Salí de allí anonadado. Mi investigación había durado menos de cinco minutos, y ya había localizado a mi abuela. No podía ser tan sencillo. Era imposible. Nadie podía resolver un enigma así, de esa manera. No tenía ningún interés. Seguramente pasaría algo, un nuevo suceso, un problema. Me había quedado como con ganas de seguir la búsqueda, estaba casi decepcionado. Yo que pensaba investigar, olfatear, seguir individuos, ser una especie de héroe moderno, y resultaba que mi investigación concluía con la primera pregunta que hacía. O tal vez sencillamente yo fuera un crack.
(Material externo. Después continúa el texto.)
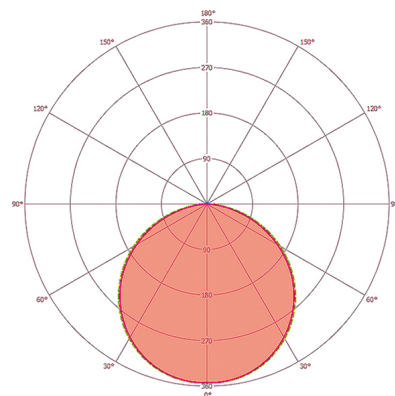

Light distribution

Circuit diagram

Standard operation.

Detailed product description

- LED downlight, 18 W for ceiling mounting
- Recessed luminaire with opal cover (diffuser)
- High-quality housing, aluminium lamp body, white powder-coated (RAL 9003)
- Can be used for ceiling mounting without additional accessories
- Colour temperature: 4000 K with the lowest colour tolerances
- Luminous flux: 1750 lm

Volví al coche. Después de recorrer unos cien metros, aparqué delante del hotel. Era un edificio más bien modesto —aunque no dejaba de tener su encanto— situado a unos cincuenta metros de los acantilados. En la recepción, un señor me preguntó qué quería.

—Vengo a ver a mi abuela…

—Está en el comedor…

Eso fue lo que me contestó, como si fuera evidente. Hay que decir que estábamos en temporada más que baja, y que era la única persona presente en el hotel a esa hora. Seguía sin dar crédito: había encontrado a mi abuela con tan sólo dos preguntas. Fui muy despacito hacia ese salón. El fuego chisporroteaba en la chimenea: alguien había tenido el buen gusto de encenderlo, pese a que no hacía demasiado frío. Parecía un salón inglés. Había un reloj bastante imponente que marcaba cada segundo con la certeza arrogante que confiere trabajar para una empresa eterna: el tiempo. La única persona presente allí era mi abuela. Se encontraba de espaldas, no podía verme. Estaba tomándose un té. En ese momento me arrepentí de todas las impresiones tontorronas que me había suscitado la facilidad de mis pesquisas: me alegraba tanto de verla… Era más que alegría, una felicidad enorme me embargaba, mi corazón sonreía por las situaciones disparatadas y luminosas que ofrece a veces la vida. Ese momento me parecía de una gran poesía. Me acerqué a ella muy despacito. Temía un poco su reacción: ¿se alegraría de verme?